"Blackborough."
The tears for some reason or other came into Helen's eyes, and even Peter Ramsay winked. It was a fairy tale indeed.
"These are your rooms sir," said the little Dutch nurse, "The Governing body desire me to say they would be pleased to alter them in any reasonable way you might desire."
Peter Ramsay looked round the wide rooms whose walls were almost all cupboards, which was heated by a self-feeding stove, where the doors and drawers shut automatically, and the very wash-hand basin tilted itself empty, with a distinctly annoyed smile. "I don't believe even I could be untidy in it," he said grudgingly, "But if you will excuse me, nurse--who are the Governing Body?"
"Oh! there are several gentlemen, I believe; but I only know the one name--Lord Blackborough. I have not seen him. He is to be here to-day, however--it is their first Committee meeting, you know."
"It--it was built by a Syndicate, wasn't it?" asked Helen.
"Yes; by a Syndicate. I don't think Lord Blackborough had anything to do with it. These are your--that is, the matron's rooms."
Helen gave a little cry. They were the replica of her rooms at the Keep, even to the row of flower-pots on the window-sills and the little niche for her prie-dieu chair. What a memory he had--and what an imagination!

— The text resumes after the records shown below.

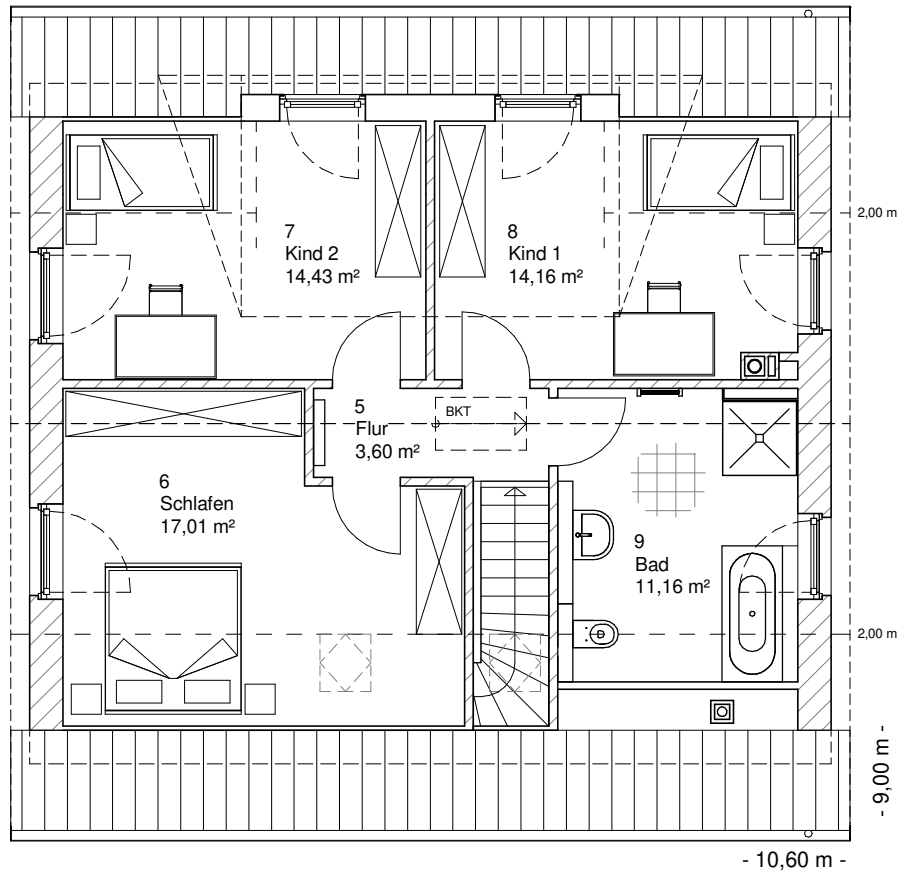

www.team-massivhaus.de

Die Zeichnungen enthalten Sonderausstattungen!

Maßstab 1 : 100

Maßstab 1 : 200

Maßstab 1 : 200

1.5.13

DACHGESCHOSS

60,36 m²

Gesamt

133,08 m²

**TEAM
MASSIVHAUS**

Ihr Schlüssel zum Traumhaus

Team Massivhaus GmbH

Hollerstraße 128 Tel.: 04331/33110-0

24782 Büdelsdorf Fax: 04331/33110-9

www.team-massivhaus.de

Die Zeichnungen enthalten Sonderausstattungen!

Maßstab 1 : 100

Maßstab 1 : 200

Maßstab 1 : 200

"They must have spent any amount of money over it," continued the buxom little nurse, "for everything is quite perfect--on a small scale of course--I mean in comparison with the London hospitals; but none of them, so far as I know, is half so well equipped for children. It will be a pleasure to work here."
She threw open the door of a ward and introduced Nurse Mary, an elderly woman also in the quaintly Dutch dress.